Taxing times for development centers & IT companies?
Tax Partner, EY
After setting-up an independent committee to review the provisions relating to the General Anti-Avoidance Regulations (‘GAAR’), the Prime Minister has now announced setting-up of a separate committee to review the taxability of Development Centres, the IT sector as well as expediting the process of notifying the safe-harbour provisions. The move seems to be aimed at providing a re-assurance to various domestic and multinational companies facing huge transfer pricing adjustments.
Taxing the Development Centres
Easy availability of skilled staff and the cost competitiveness of India have attracted many global multinational companies to establish their captive subsidiaries here for carrying out activities like product development, software development, performing analytical work etc.
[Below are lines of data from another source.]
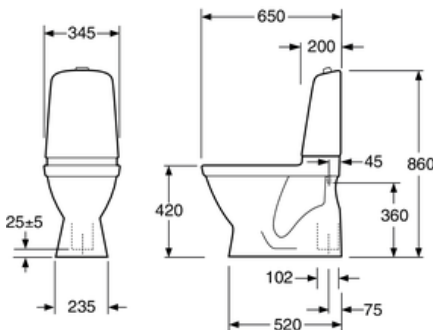

Artikkelnummer

NRF-nr.	Art.nr.	EAN
6023013	GB115500301203G	7391530062662

Informasjon om pakking

Lengde: 680 mm | Bredder: 360 mm | Høyde: 940 mm
Vekt: 31 kg
Antall i pakken: 1 st

Montering og vedlikehold

Vi anbefaler bruk av fagperson for installasjon. Montering mot gulv med lim. Se den medfølgende installasjonsanvisningen. Rengjør porselenet ofte, så setter ikke smuss og kalk seg så lett fast. Hvis det vanlige rengjøringsmidlet ikke gir ønsket effekt, kan du bruke sitron- eller vinsyre fra apoteket. Kalkflekker fjerner du med vanlig husholdningseddik. Bruk aldri rengjøringsmidler med slipeeffekt. Det skader glasuren på sikt. Bruk heller ikke sterkt alkaliske, lutbaserte avløpsrensere, siden disse kan være skadelig for både porselenet og miljøet. For klosetter som skal stå på et sted uten oppvarming, bør sisternen tømmes og tørkes. Hell ca. 4 dl frostvæske i vannlåsen. Bruk et miljøvennlig produkt.

Energimerking og sertifiseringer

- CE-godkjent. SS-EN 33-dimensjonering og SS-EN 997-funksjon. Oppfyller Sikker vanninstallasjon.

Teknisk informasjon

- Spyling – vannmengde: 3/6 L Dobbeltskyl
- Tilkoblingsdimensjon: c/c 155mm sitsfaste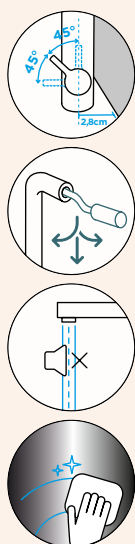

OBNOVEN

KAVUS

PEVNÁ KONCOVKA

OBNOVEN

KAVUS

VÝSUVNÁ KONCOVKA

Přípojovací hadička: **450 mm**

Úhel otáčení: **360°**

Pozice páky: **vpravo**

Vlastnosti: **Tichý perlátor, Barevné varianty galvanický (PUR), PVD**

PEVNÁ KONCOVKA

VÝSUVNÁ KONCOVKA

METALICKÉ

●	559000 EDM	165,-	559120 EDM	205,-
●	559000 WGO	186,-	559120 WGO	229,-
●	559000 COP	186,-	559120 COP	229,-
●	559000 COB	186,-	559120 COB	229,-
●	559000 GUM	186,-	559120 GUM	229,-
●	559000 GUB	186,-	559120 GUB	229,-

CD CLASSIC LINE

●	559027 PUR	186,-	559127 PUR	229,-

Měděná + Gunmetal budou v průběhu roku nahrazeny variantami Brushed.

Přípojovací hadička: **450 mm**

Úhel otáčení: **360°**

Pozice páky: **vpravo**

Délka sprchové hadice: **350 mm**
Vlastnosti: **Zpětná klapka, Tichý perlátor, Barevné varianty PVD, galvanický (PUR)**

1. 1 628778/1
2. 2 628778/2
3. 3 628748/2
4. 4 628748/XXX
5. 5 628740/5

1. 1 628778/1
2. 2 628780/2
3. 3 628749/2
4. 4 628789/XXX
5. 5 628740/5
6. 6 628789/8
7. 7 628789/1XXX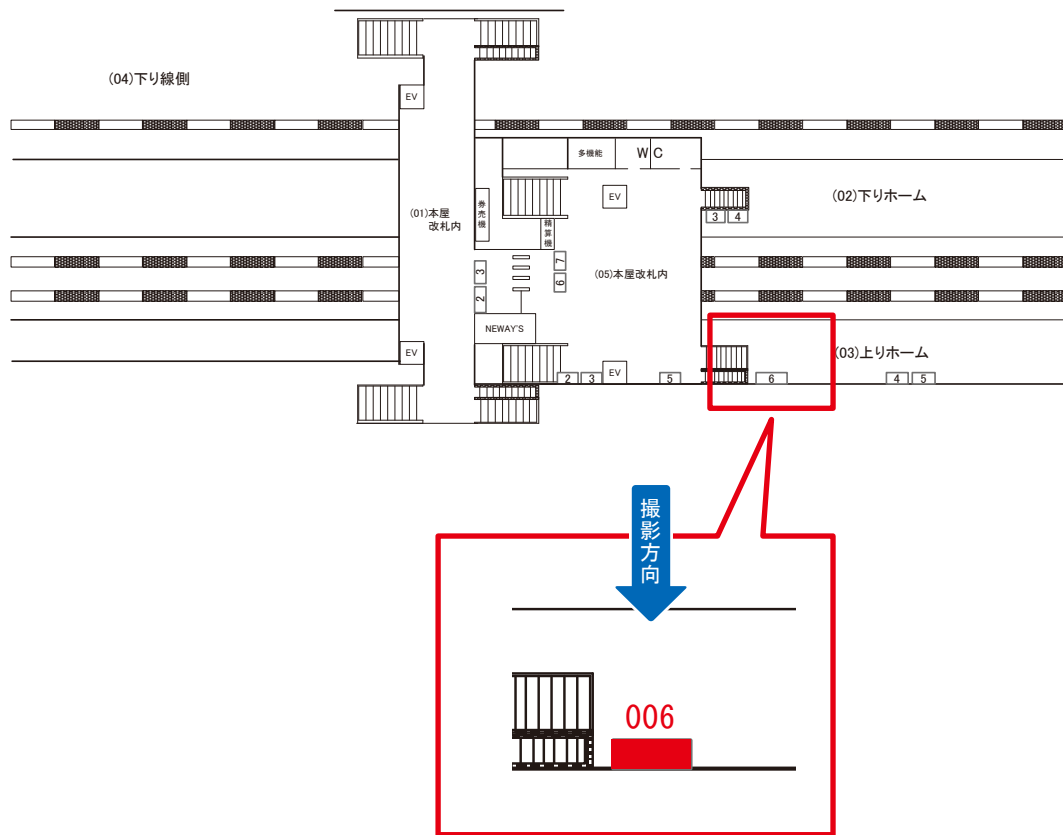

誉田駅 上りホーム サインボード (0653-03-006)

← 千葉

安房鴨川 →

媒体番号	駅	場所	サイズ(H×W)	面数	月額定価	電気料金	点灯	返還日
0653-03-006	誉田	上りホーム	1.10×4.50	1	45,000円	—	—	2018/05/10

※業種によっては規制がある場合がございますので、事前にご相談ください。

☆1基でも半額媒体 (月額定価より半額になります)

駅看板のサンエイ企画

電話 03-3355-3325

サンエイ企画

検索

誉田駅 本屋改札内 サインボード (0653-05-002)

← 千葉

安房鴨川 →

媒体番号	駅	場所	サイズ(H×W)	面数	月額定価	電気料金	点灯	返還日
0653-05-002	誉田	本屋改札内	1.17 × 1.59	1	57,000円	4,620円	—	2017/04/10

※業種によっては規制がある場合がございますので、事前にご相談ください。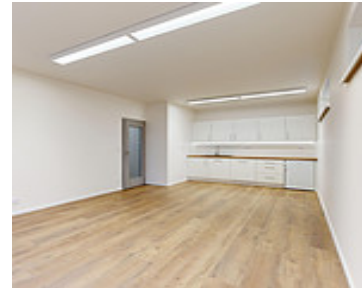

Armádní 893, 289
24 Milovice-Milovice
nad Labem 3,
Česko

KOMERČNÍ | MILOVICE | 893-002

<https://www.xplace.cz>

13.360 CZK

- Nebytové prostory
- Milovice
- VOLNÝ
- 49 m²

Nabízíme k pronájmu kancelářské prostory o velikosti 49 m², situované v příjemné lokalitě Milovic, okres Nymburk. Prostory se nacházejí v přízemí novostavby bytového domu a jsou ideální pro podnikání či kancelářskou činnost. Kancelář je před dokončením. K dispozici od ledna 2024. Hlavní kancelář s kuchyňkou (27 m²), druhá kancelář (15 m²), koupelna s WC (6 [...])

These captive entities are popularly referred as Development Centres. The Development Centres are normally as service providers to their global affiliates assuming limited risks and not owning intangible property. Hence, they are typically remunerated so as to earn a return which is commensurate with that earned by comparable uncontrolled service providers.
Going by the recent experience, the tax authorities are actively questioning the appropriateness of the transfer price for these Development Centres. The argument of the tax authorities has been that though the Development Centres have been set-up as an independent company for performing the development work on a peer to peer basis, in many instances they work only as an extension of their parent or group companies’ businesses. Further, their second argument is that these Development Centres perform high level end-to-end services for its parent which leads to creation of intangibles in the form of new products and/ or processes. In the said scenario, the tax authorities perceive that such development centers should earn a return that is commensurate with their overall contribution to the value chain of the multi-national enterprise.
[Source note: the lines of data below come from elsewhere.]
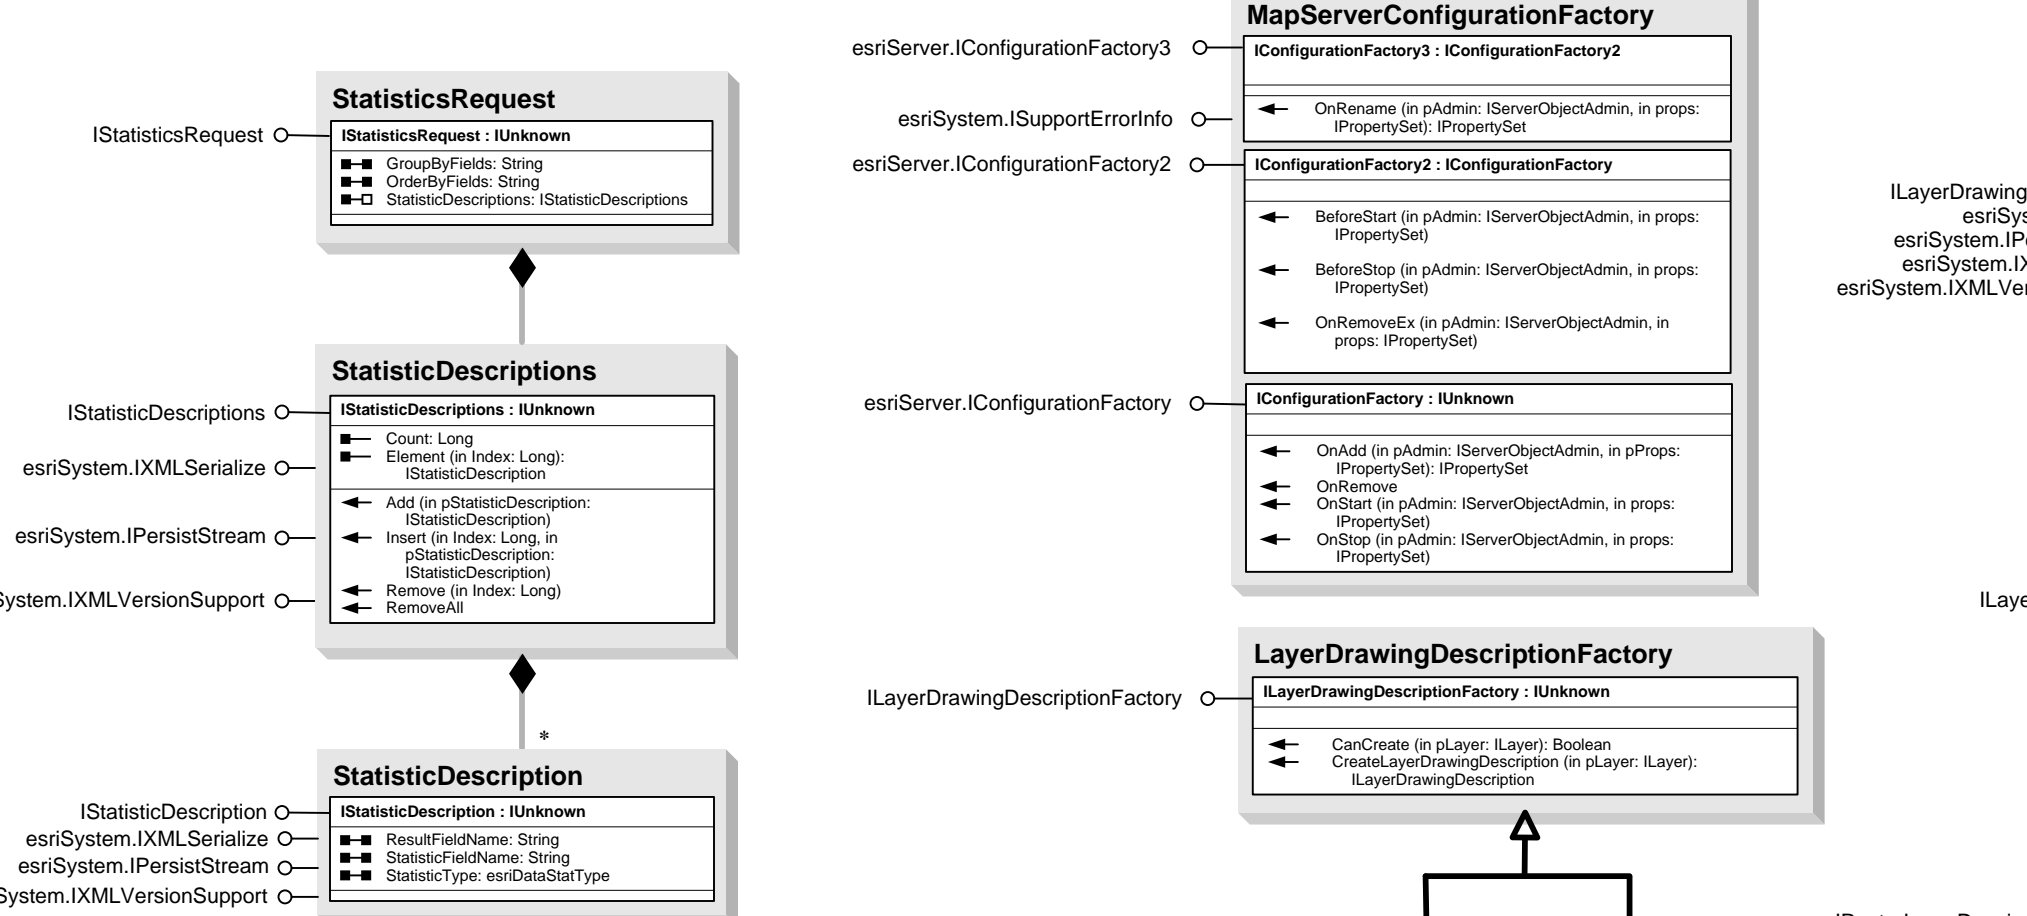

Carto Object Model Map Server

Esri® ArcGIS® 10.1

- **esriSystem.IAccessInfo**
  - AccessInfo
  - AccessInfoString
  - AccessInfoType
- **esriSystem.AGSServerObjNameInGIS**
  - AGSServerObjNameInGIS
  - AGSServerObjNameInGISClient
  - AGSServerObjNameInGISLayers
- **esriSystem.IAGSServerObjNameInGISClient**
  - AGSServerObjNameInGISClient
  - AGSServerObjNameInGISClientClient
  - AGSServerObjNameInGISClientLayers
- **esriSystem.IAGSServerObjNameInGISLayers**
  - AGSServerObjNameInGISLayers
  - AGSServerObjNameInGISLayersClient
  - AGSServerObjNameInGISLayersLayers

The tax authorities have called for more profits to be allocated to the Indian Development Centres and are seen making huge transfer pricing adjustments in the hands of these Development Centres.
It is anticipated that the Committee will examine the contentious issues relating to taxation of the Development Centres and provide some proposals which would be aimed at making an objective assessment of the activities of the Development Centres and to develop a system of taxation which is fair and in line with the existing international practices.
Safe Harbour provisions
The Committee has been mandated to finalize the Safe Harbour regulations for individual industry sectors in a time bound manner with a direction to roll out Safe Harbour for atleast three sectors/ sub-activities every month beginning with 30 September 2012 and to complete the same for all industries by 31 December 2012.
It is also interesting to note that the OECD in June 2012 released a discussion draft that proposes revisions to the section of Safe Harbours in the Transfer Pricing Guidelines. When these Guidelines were adopted in 1995, the view expressed regarding safe harbour rules was generally negative. However, in the discussion draft they are generally considered more favourably. The proposed revisions suggest that the benefits of safe harbours outweigh the related concerns when such rules are carefully targeted and prescribed and when efforts are made to avoid the problems that could arise from poorly considered safe harbour regimes. The appropriateness of safe harbours can be expected to be most apparent when they are directed at taxpayers and/or transactions which involve low transfer pricing risks and when they are adopted on a bilateral or multilateral basis. It will be useful for the Committee to consider the OECD suggestions while preparing its recommendations.
Taxation of IT Sector
The IT Sector has in the recent past, if one might say, been at the hard end of the tax laws. Denying export-linked exemption in respect of services provided onsite of the customer, retrospective amendment to the tax laws by expanding the definition of royalty to include software payments etc. have substantially increased the headache for the software companies, both domestic as well as Multinationals.
While it seems that the retrospective amendment may not be rolled back and the IT companies may have to live with that, the Committee has been mandated to look into the other issues in connection with taxation of IT companies especially the tax treatment of ‘onsite services’ of domestic Indian companies.
Constitution of the Committee directly by the Prime Minister suggests the sincerity of the Government in resolving the various tax disputes. Further, inviting the stakeholders as well as the tax department to provide their suggestions to arrive at a consensus based solution shows that the Government is keen to make amends for its recent image of being a vexing tax jurisdiction. However, unlike the Committee set-up for reviewing the GAAR guidelines, this Committee is made up Departmental representatives. Given the same, time will tell whether the Committee achieves the objectives that have been outlined for it.